▶ What needs to be done
Copy all lines below that use the word "Нержавеющая".

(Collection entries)

=== Section Start ===

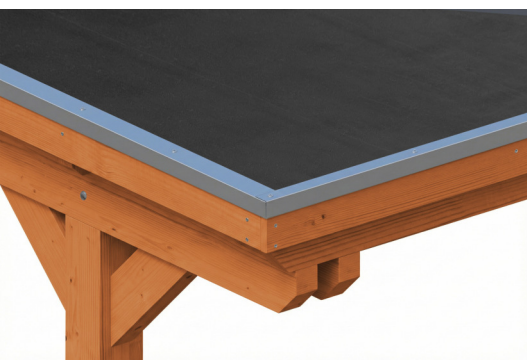

# CARPORT EMSLAND

carport à toiture plate

## CARPORT EMSLAND

609 x 604 cm

Exemple de conception

- Structure massive en bois lamellé-collé de haute qualité (épicéa)
- Peinture couleur chêne clair
- Planches de toit avec membrane EPDM
- Poteaux 12 x 12 cm

## CARPORT EMSLAND 609 X 604 CM AVEC TOIT EPDM, CHÊNE CLAIR

### Fiche technique / description de construction

Matériau	<b>Bois lamellé-collé, épinette</b>
Couleur	<b>Chêne clair</b>
Traitement des couleurs	<b>Lasuré</b>
Taille	<b>609 x 604 cm</b>
Dimensions de sol (largeur)	<b>574 cm</b>
Dimensions de sol (profondeur)	<b>496 cm</b>
Dimension hors tout (largeur)	<b>609 cm</b>
Dimension hors tout (profondeur)	<b>604 cm</b>
Hauteur pignon	<b>248 cm</b>
Hauteur chéneau	<b>236 cm</b>
Hauteur totale (avant)	<b>248 cm</b>
Hauteur totale (arrière)	<b>236 cm</b>
Type de toiture	<b>Toit plat</b>
Matériau de la couverture de toit	<b>Planches de toit à rainure et languette avec membrane EPDM</b>
Couleur du toit	<b>Noire</b>
Épaisseur du toit	<b>20 mm</b>
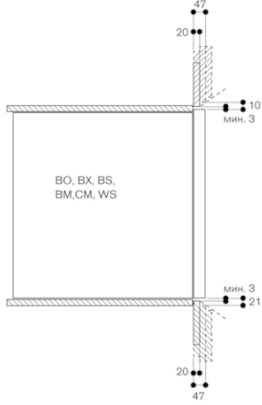

#### Варианты исполнения

**BO451112**  
**Духовой шкаф серии 400**  
**Нержавеющая сталь под стеклом**  
**Ширина 60 см**  
**Навес двери слева**  
**Панель управления сверху**

# GAGGENAU

BO450112  
 Духовой шкаф серии 400  
 Нержавеющая сталь под стеклом  
 Ширина 60 см  
 Навес двери справа  
 Панель управления сверху  
 Изготовлено 2019-07-25  
 Страница 2

При монтаже рядом

\* 200 мм для монтажа совместно с BA 016

Поперечный разрез, зазоры сверху/снизу дверцы

Поперечный разрез, зазоры сверху и снизу дверцы

=== Section End ===

▶ Finished exercise
**Нержавеющая сталь под стеклом**  
 Нержавеющая сталь под стеклом  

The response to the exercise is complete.